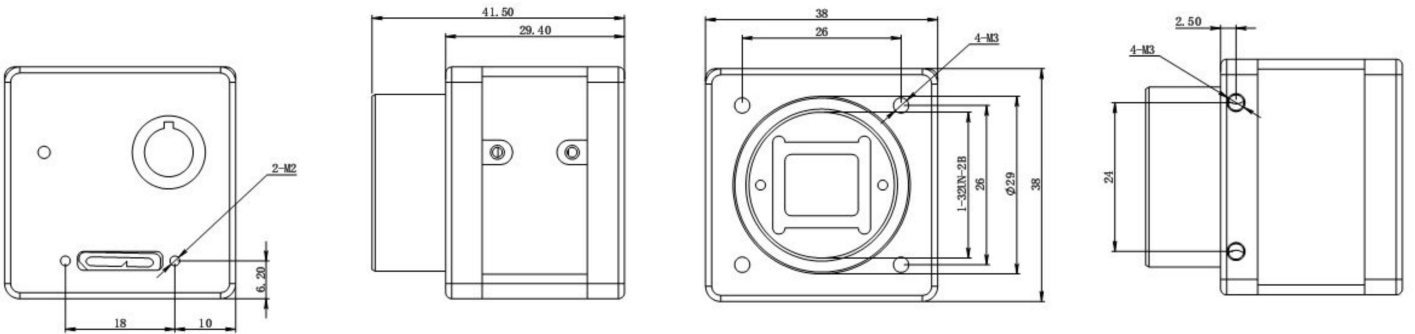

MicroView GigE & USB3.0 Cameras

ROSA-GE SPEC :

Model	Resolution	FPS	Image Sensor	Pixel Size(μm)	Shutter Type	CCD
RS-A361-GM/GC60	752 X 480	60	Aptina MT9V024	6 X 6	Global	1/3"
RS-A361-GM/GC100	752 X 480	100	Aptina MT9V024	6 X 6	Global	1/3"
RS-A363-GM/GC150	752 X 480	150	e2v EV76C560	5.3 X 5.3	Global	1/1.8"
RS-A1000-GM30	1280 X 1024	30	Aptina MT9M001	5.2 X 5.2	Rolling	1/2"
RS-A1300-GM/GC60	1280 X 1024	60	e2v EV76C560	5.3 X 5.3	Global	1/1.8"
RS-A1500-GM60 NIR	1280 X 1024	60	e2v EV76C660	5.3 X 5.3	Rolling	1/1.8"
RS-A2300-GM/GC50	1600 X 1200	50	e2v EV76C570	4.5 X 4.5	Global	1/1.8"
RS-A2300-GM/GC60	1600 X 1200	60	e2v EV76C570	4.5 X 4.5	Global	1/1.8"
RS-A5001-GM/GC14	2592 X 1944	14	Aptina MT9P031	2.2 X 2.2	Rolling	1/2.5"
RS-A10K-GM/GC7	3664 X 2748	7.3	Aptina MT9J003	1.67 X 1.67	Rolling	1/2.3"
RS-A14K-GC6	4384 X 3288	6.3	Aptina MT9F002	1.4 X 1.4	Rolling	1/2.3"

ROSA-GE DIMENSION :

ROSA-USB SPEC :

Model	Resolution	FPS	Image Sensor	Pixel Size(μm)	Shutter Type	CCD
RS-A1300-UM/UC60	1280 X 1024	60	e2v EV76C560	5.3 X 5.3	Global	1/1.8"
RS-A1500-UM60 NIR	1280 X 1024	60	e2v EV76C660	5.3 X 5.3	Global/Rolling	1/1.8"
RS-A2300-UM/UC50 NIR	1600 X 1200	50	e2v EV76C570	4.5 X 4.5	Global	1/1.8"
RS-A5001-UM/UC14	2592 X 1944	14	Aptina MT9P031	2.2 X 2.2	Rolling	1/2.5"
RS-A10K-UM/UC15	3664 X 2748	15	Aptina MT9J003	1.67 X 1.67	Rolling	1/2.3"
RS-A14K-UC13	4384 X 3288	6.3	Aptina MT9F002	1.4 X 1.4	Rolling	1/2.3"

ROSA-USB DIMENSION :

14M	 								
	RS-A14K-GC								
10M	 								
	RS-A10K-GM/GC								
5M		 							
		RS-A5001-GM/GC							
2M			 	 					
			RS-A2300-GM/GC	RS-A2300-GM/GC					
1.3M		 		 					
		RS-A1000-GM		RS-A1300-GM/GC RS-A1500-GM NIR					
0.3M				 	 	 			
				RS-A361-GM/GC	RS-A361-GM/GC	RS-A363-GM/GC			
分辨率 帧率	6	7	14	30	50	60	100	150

______

#### PROBLEM TO SOLVE:
Wherever a picture appears in the material above, skip it and copy the rest without change.

#### RESPONSE AREA:
MicroView GigE & USB3.0 Cameras

ROSA-GE SPEC :

Model	Resolution	FPS	Image Sensor	Pixel Size(μm)	Shutter Type	CCD
RS-A361-GM/GC60	752 X 480	60	Aptina MT9V024	6 X 6	Global	1/3"
RS-A361-GM/GC100	752 X 480	100	Aptina MT9V024	6 X 6	Global	1/3"
RS-A363-GM/GC150	752 X 480	150	e2v EV76C560	5.3 X 5.3	Global	1/1.8"
RS-A1000-GM30	1280 X 1024	30	Aptina MT9M001	5.2 X 5.2	Rolling	1/2"
RS-A1300-GM/GC60	1280 X 1024	60	e2v EV76C560	5.3 X 5.3	Global	1/1.8"
RS-A1500-GM60 NIR	1280 X 1024	60	e2v EV76C660	5.3 X 5.3	Rolling	1/1.8"
RS-A2300-GM/GC50	1600 X 1200	50	e2v EV76C570	4.5 X 4.5	Global	1/1.8"
RS-A2300-GM/GC60	1600 X 1200	60	e2v EV76C570	4.5 X 4.5	Global	1/1.8"
RS-A5001-GM/GC14	2592 X 1944	14	Aptina MT9P031	2.2 X 2.2	Rolling	1/2.5"
RS-A10K-GM/GC7	3664 X 2748	7.3	Aptina MT9J003	1.67 X 1.67	Rolling	1/2.3"
RS-A14K-GC6	4384 X 3288	6.3	Aptina MT9F002	1.4 X 1.4	Rolling	1/2.3"

ROSA-GE DIMENSION :

ROSA-USB SPEC :

Model	Resolution	FPS	Image Sensor	Pixel Size(μm)	Shutter Type	CCD
RS-A1300-UM/UC60	1280 X 1024	60	e2v EV76C560	5.3 X 5.3	Global	1/1.8"
RS-A1500-UM60 NIR	1280 X 1024	60	e2v EV76C660	5.3 X 5.3	Global/Rolling	1/1.8"
RS-A2300-UM/UC50 NIR	1600 X 1200	50	e2v EV76C570	4.5 X 4.5	Global	1/1.8"
RS-A5001-UM/UC14	2592 X 1944	14	Aptina MT9P031	2.2 X 2.2	Rolling	1/2.5"
RS-A10K-UM/UC15	3664 X 2748	15	Aptina MT9J003	1.67 X 1.67	Rolling	1/2.3"
RS-A14K-UC13	4384 X 3288	6.3	Aptina MT9F002	1.4 X 1.4	Rolling	1/2.3"

ROSA-USB DIMENSION :

14M	 								
	RS-A14K-GC								
10M	 								
	RS-A10K-GM/GC								
5M		 							
		RS-A5001-GM/GC							
2M			 	 					
			RS-A2300-GM/GC	RS-A2300-GM/GC					
1.3M		 		 					
		RS-A1000-GM		RS-A1300-GM/GC RS-A1500-GM NIR					
0.3M				 	 	 			
				RS-A361-GM/GC	RS-A361-GM/GC	RS-A363-GM/GC			
分辨率 帧率	6	7	14	30	50	60	100	150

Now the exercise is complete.